Under the Defense Department rules, the military commissions will or are likely to:

  • Deprive defendants of independent judicial oversight by a civilian court.
  • Improperly subject to military trials persons apprehended far from any battle zone.
  • Try prisoners of war (POWs) in a manner that violates the 1949 Geneva Conventions.
  • Deprive defense counsel of the means to prepare an effective defense.
  • Prevent defendants from seeing all evidence introduced against them.
  • Impose no obligation on the government to disclose exculpatory information.
  • Place review of important interlocutory questions with the charging authority rather than an independent adjudicator.
  • Fail to guarantee that evidence obtained via torture or ill-treatment shall not be used.
  • Allow wide latitude to close proceedings and impose a “gag order” on defense counsel.
  • Deprive military defense counsel of normal protections afforded military lawyers from improper “command influence.”
  • Restrict the defendant’s right to choose legal counsel.
  • Provide lower due process standards for non-citizens than for U.S. citizens.

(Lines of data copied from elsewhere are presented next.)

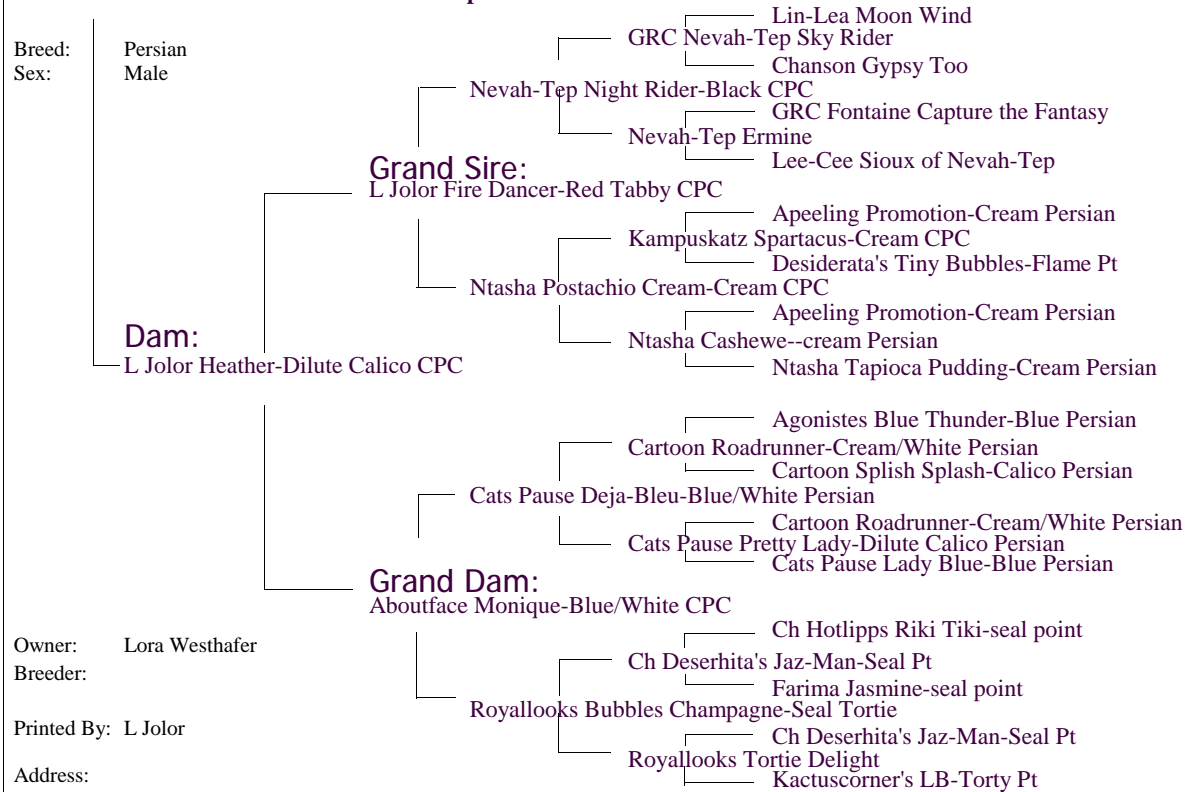

L Jolor Cattery Certificate Of Pedigree

L Jolor Black Tie Affair--black/white ESH cpc

Owner: Lora Westhafer
 Breeder:
 Printed By: L Jolor
 Address:
 Phone:

I Certify, to the best of my knowledge, the information in this pedigree is correct.

Signed: _____ Date: _____

"TBDM"

On August 31, 2005, the U.S. Department of Defense announced several changes to the military commissions that it claimed would make the commissions “smoother and more efficient.”  Under the rule changes, the commission’s presiding officer will act more like a judge, ruling on legal issues, while the other members of the panel will act more like a jury, determining issues of fact. 3  Commission hearings held in 2004—to which Human Rights Watch sent observers—had highlighted serious deficiencies in the U.S. military commission members’ understanding of the laws of war and basic principles of criminal justice.4

The rule changes also provide that classified evidence can be withheld from the accused unless doing so would deny him a “full and fair trial.” While Human Rights Watch welcomed the Pentagon’s recognition that access to evidence is necessary for a fair trial, the Pentagon will still remain the arbiter of that evidence. This change may mean little so long as there is no judicial review of the proceedings by a civilian court. U.S. courts martial, unlike the commissions, are reviewed by a civilian appeals court. Revelations of torture and other mistreatment by U.S. personnel at Guantánamo Bay and other detention facilities outside the United States heightens concerns over the use of evidence withheld from the accused. Human Rights Watch believes the rule changes were aimed to deflect criticism of the commissions without addressing the commissions’ most fundamental problems. 

It is unclear how many cases will proceed to full trials before the commissions. The lopsided rules plus the threat of capital punishment may compel many of those accused to accept plea agreements, even if harsh. Others may be convicted on the basis of evidence withheld from the defendant.  This will permit prosecutors to declare victory, but the broader public will be deprived of an important opportunity to assess guilt or innocence, and fill an important historical record.



[1] Human Rights Watch has long be concerned about the treatment at Guantanamo of the Canadian, Omar Ahmed Khadr, who was fifteen-years old at the time of his arrest but has not been treated as a child by U.S. authorities as is required under international law. 

[2] Since President Bush issued Military Order of November 13, 2001 authorizing military commissions, the Department of Defense has released several instructions setting out the applicable law and procedure: Military Commission Order No. 1 (MCO No. 1), issued March 21, 2002; a draft set of crimes and elements released on February 28, 2003 for public comment; a set of nine Military Commission Instructions (MCIs) released on April 30, 2003 and subsequently, several of which were later revised; and Military Commission Order No. 3 (MCO No. 3), issued February 5, 2004.

[3] Military Commission Order (MCO), No. 1 (revised August 31, 2005).

[4] Human Right Watch, “U.S.: Guantanamo Tribunal Lacks Basic Knowledge of Law,” press release, November 5, 2004.